> _MATERIAL TO PROCESS_:
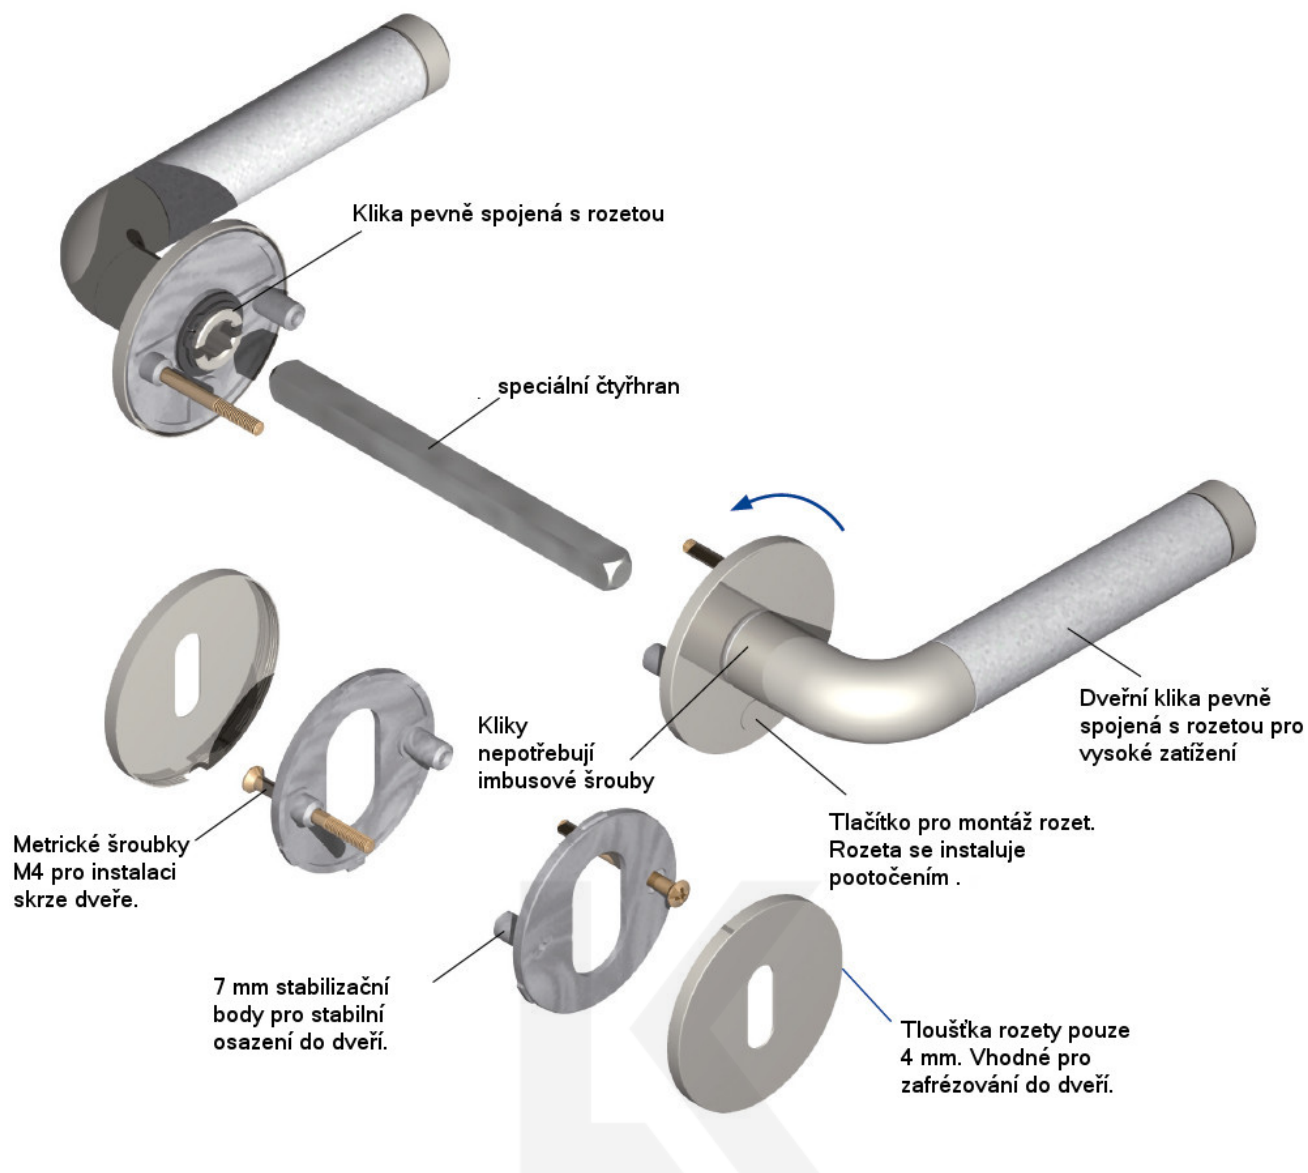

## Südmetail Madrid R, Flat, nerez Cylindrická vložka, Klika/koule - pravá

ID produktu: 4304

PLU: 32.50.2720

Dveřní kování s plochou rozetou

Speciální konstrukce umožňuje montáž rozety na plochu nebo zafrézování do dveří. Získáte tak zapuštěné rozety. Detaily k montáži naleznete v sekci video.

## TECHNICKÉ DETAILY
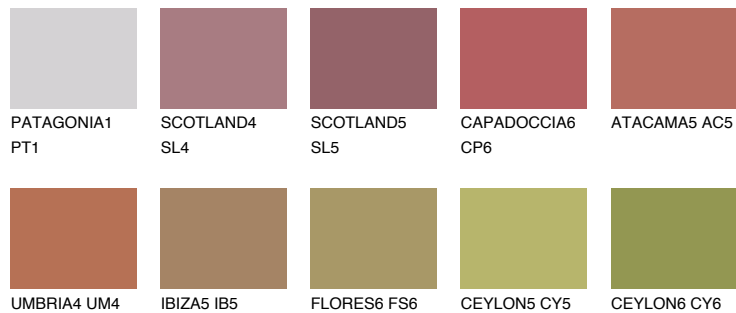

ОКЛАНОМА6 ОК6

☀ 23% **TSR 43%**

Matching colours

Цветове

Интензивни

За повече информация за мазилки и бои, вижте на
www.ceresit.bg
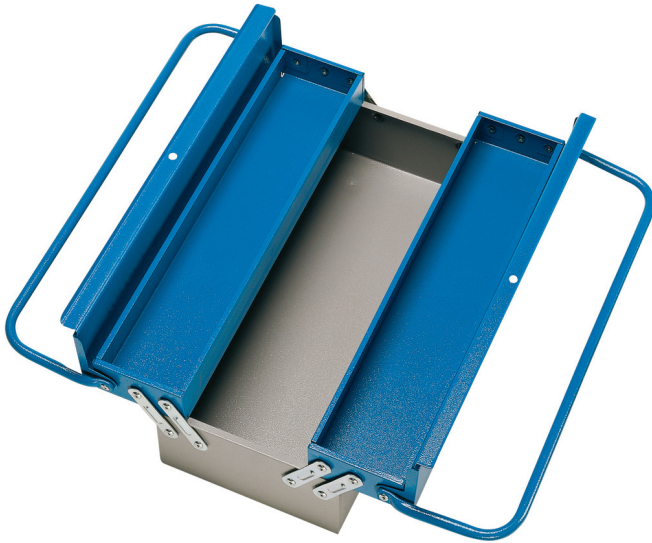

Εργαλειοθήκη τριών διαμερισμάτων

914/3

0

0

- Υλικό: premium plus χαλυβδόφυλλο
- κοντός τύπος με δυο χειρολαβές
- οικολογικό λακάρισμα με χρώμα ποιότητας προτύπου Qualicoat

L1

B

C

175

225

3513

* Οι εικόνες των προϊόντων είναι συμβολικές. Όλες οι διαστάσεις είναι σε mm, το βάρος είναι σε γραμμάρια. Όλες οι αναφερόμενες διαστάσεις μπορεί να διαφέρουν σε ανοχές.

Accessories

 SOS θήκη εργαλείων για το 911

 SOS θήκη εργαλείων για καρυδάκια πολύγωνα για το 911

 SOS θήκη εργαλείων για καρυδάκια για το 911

> _WHAT THIS TASK INVOLVES_:
Write out everything in the data word for word. Omit each picture.

> _FINISHED TASK_:
## Südmetail Madrid R, Flat, nerez Cylindrická vložka, Klika/koule - pravá

ID produktu: 4304

PLU: 32.50.2720

Dveřní kování s plochou rozetou

Speciální konstrukce umožňuje montáž rozety na plochu nebo zafrézování do dveří. Získáte tak zapuštěné rozety. Detaily k montáži naleznete v sekci video.

## TECHNICKÉ DETAILY

ОКЛАНОМА6 ОК6

☀ 23% **TSR 43%**

Matching colours

Цветове

Интензивни

За повече информация за мазилки и бои, вижте на
www.ceresit.bg

Εργαλειοθήκη τριών διαμερισμάτων

914/3

0

0

- Υλικό: premium plus χαλυβδόφυλλο
- κοντός τύπος με δυο χειρολαβές
- οικολογικό λακάρισμα με χρώμα ποιότητας προτύπου Qualicoat

L1

B

C

175

225

3513

* Οι εικόνες των προϊόντων είναι συμβολικές. Όλες οι διαστάσεις είναι σε mm, το βάρος είναι σε γραμμάρια. Όλες οι αναφερόμενες διαστάσεις μπορεί να διαφέρουν σε ανοχές.

Accessories

 SOS θήκη εργαλείων για το 911

 SOS θήκη εργαλείων για καρυδάκια πολύγωνα για το 911

 SOS θήκη εργαλείων για καρυδάκια για το 911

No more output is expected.